Input data.
-.-.-

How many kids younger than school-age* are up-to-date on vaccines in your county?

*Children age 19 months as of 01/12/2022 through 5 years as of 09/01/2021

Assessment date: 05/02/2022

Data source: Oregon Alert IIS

-.-.-

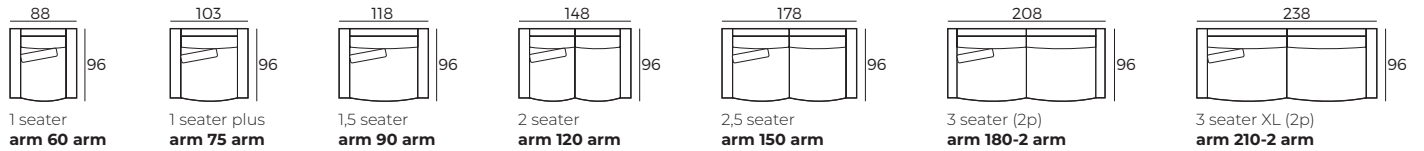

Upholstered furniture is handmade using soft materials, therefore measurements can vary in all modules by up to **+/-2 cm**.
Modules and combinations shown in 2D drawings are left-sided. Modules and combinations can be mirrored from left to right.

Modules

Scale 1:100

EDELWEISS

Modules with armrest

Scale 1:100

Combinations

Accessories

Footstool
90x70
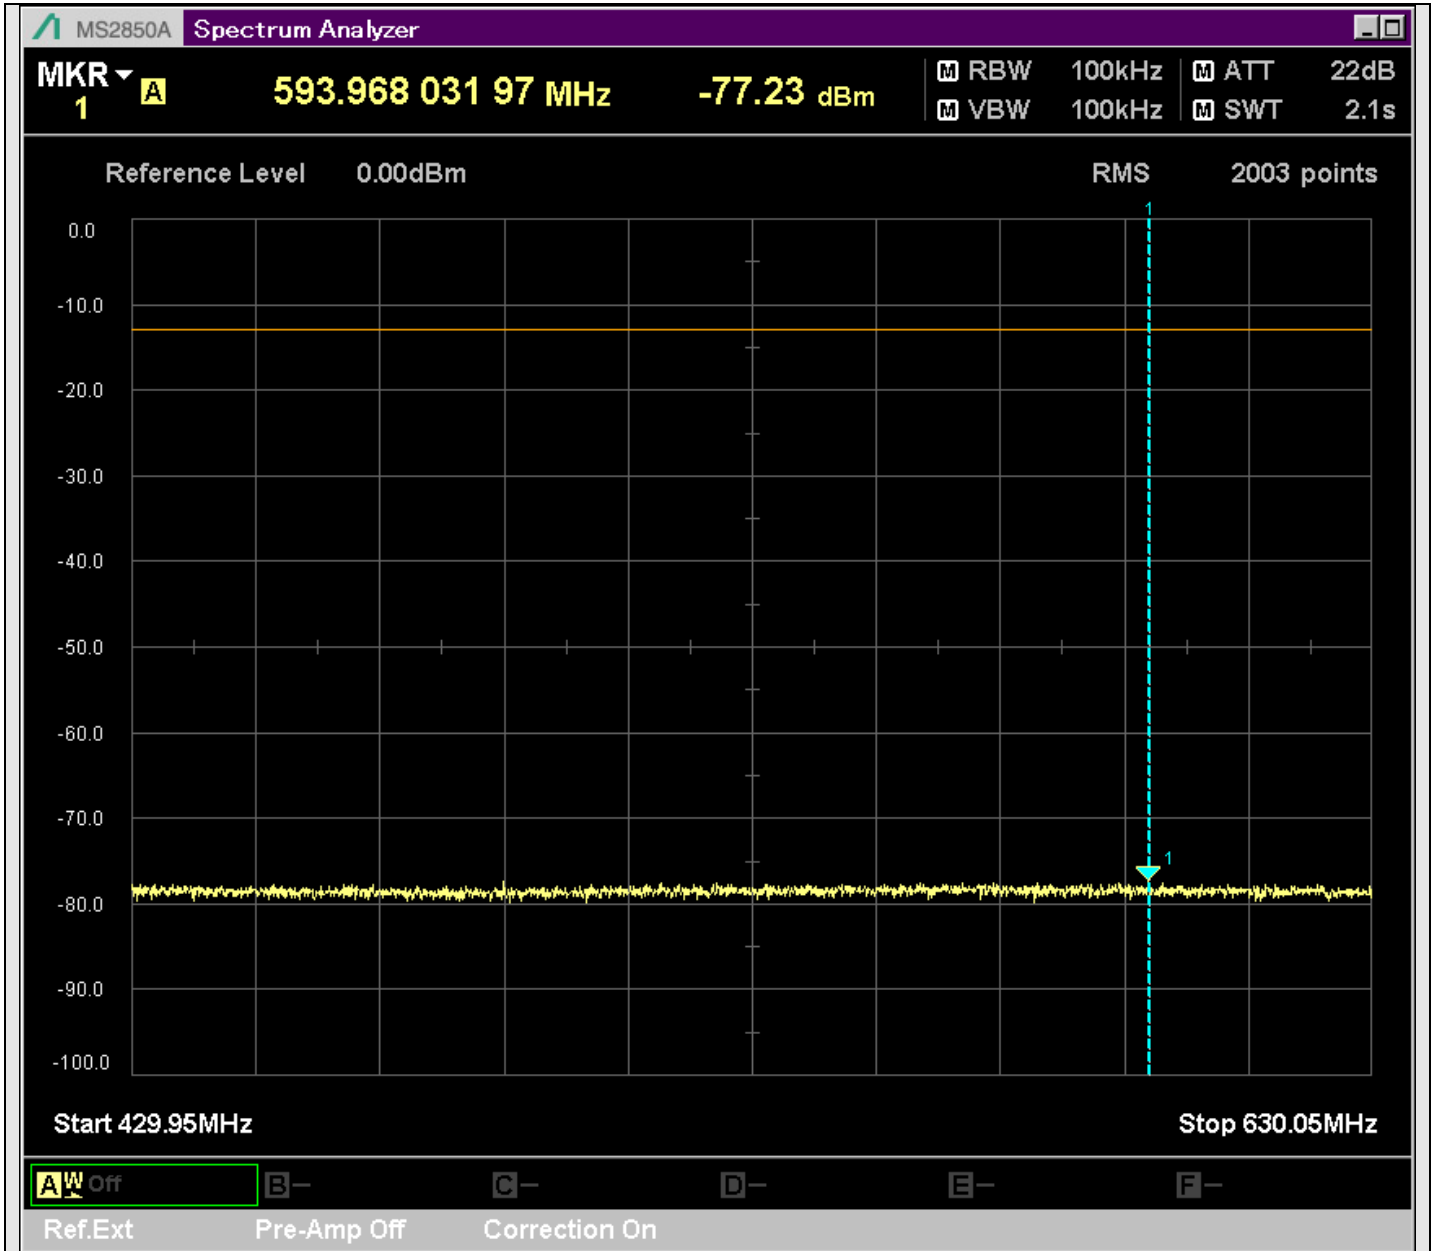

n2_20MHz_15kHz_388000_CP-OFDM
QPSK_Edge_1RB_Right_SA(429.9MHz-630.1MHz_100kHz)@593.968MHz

-.-.-

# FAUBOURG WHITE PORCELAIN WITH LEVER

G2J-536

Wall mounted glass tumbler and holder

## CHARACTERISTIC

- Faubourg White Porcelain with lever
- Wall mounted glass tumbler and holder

-.-.-

Work task. What should come back is an exact copy of the lines above from the line with "Modules with armrest" to the line with "QPSK_Edge_1RB_Right_SA(429.9MHz-630.1MHz_100kHz)@593.968MHz", both included, minus the pictures.

Written solution.
Modules with armrest

Scale 1:100

Combinations

Accessories

Footstool
90x70

n2_20MHz_15kHz_388000_CP-OFDM
QPSK_Edge_1RB_Right_SA(429.9MHz-630.1MHz_100kHz)@593.968MHz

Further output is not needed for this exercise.